Harwood & Ames, for complainant.

O. B. Hewett, for defendant.

MCCRARY, J. After much consideration, I have reached the conclusion that the statute of Nebraska, regulating the practice of the state courts in determining applications for new trials, is not binding upon this court when exercising its chancery jurisdiction. Our jurisdiction in chancery is not derived from or limited by state laws. The rules governing its exercise are the same in all the states, and are according to the practice of courts of equity in the parent country, as contradistinguished from courts of law. It is a jurisdiction conferred by the constitution of the United States and the acts of congress, and if it could be controlled or varied by state legislation, it could be extinguished by the same authority. This proposition was strongly stated by the supreme court of the United States in the early case of

Robinson v. Campbell, 3 Wheat. 218, and has been since repeatedly recognized by that court. It is true that the federal courts of equity usually follow by analogy state statutes of limitations; but they will not do so if the effect of such a statute in any case is to limit their general chancery jurisdiction. This, although a state statute of limitations may make no exception in favor of a party who is prevented from suing by reason of a concealed fraud. Yet federal courts of equity will enforce such an exception because it is a part of the chancery law as administered in those courts, and which the state cannot change. Johnson v. Roe, 1 McCrary, 162; [S. C. 1 FED. REP. 692.] The present case might, perhaps, be decided upon this doctrine, for it is clearly established by the proof that the defendant, by its officers and agents, fraudulently suppressed the fact that the bonds in question had been regularly issued, sold for cash by defendant, and the proceeds used by the defendant to build a school-house, and they concealed these facts until they supposed it was too late for plaintiff to get relief; after which they disclosed them, and one of them has now sworn to them.

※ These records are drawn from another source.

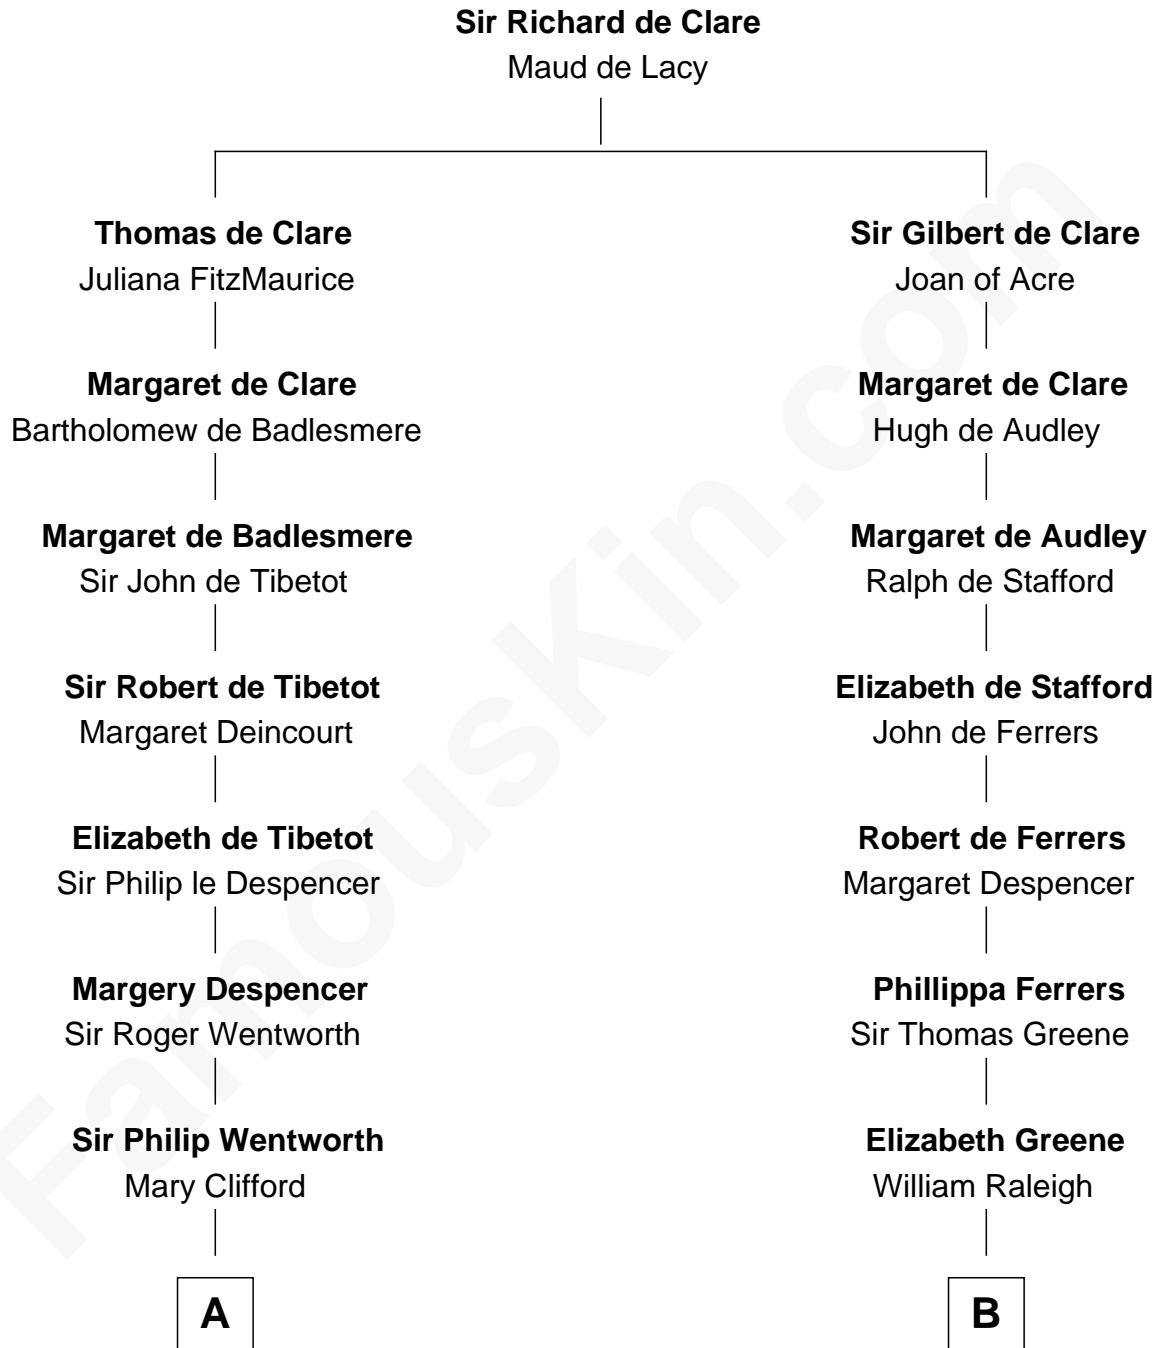

# FamousKin.com Relationship Chart of

**Jane Seymour**

*3rd Wife of King Henry VIII*

9th cousin 11 times removed of

**Melville Fuller**

*8th Chief Justice of the U.S. Supreme Court*

**C**

**Hannah Weld**  
Rev. Caleb Fuller

**Henry Weld Fuller**  
Esther Gould

**Frederick Augustus Fuller**  
Catherine Martin Weston

**Melville Fuller**  
*8th U.S. Chief Justice*

FamousKin.com
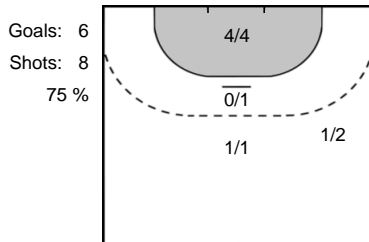

13 VYAKHIREVA
Anna

However this may be, I think the statute above mentioned, if construed to mean that a bill in chancery cannot be filed in a federal court to set aside a judgment at law, upon any ground, after one year from its rendition, would be an encroachment upon the equity jurisdiction of the federal judiciary. Anciently, appeals to the courts of chancery for relief against unconscionable judgments at law were frequent; but in modern times courts of law are themselves authorized to grant new trials upon liberal terms, and this mode of relief is, in general, ample, so that the equity jurisdiction in such cases is seldom invoked. It nevertheless exists, and it is a mistake to say that it is simply co-extensive with the powers granted by statute to courts of law. It more frequently begins precisely where the power of the law courts ends. The jurisdiction often depends upon the fact that the court rendering the judgment is powerless to afford a remedy. I hold, therefore, that the limitation in the state statute which forbids the state courts to grant new trials after one year, so far from being a limitation upon this court, sitting in chancery, may be the very ground of our jurisdiction, especially where the facts which make it proper that the judgment be set aside have been fraudulently secreted until the year has passed.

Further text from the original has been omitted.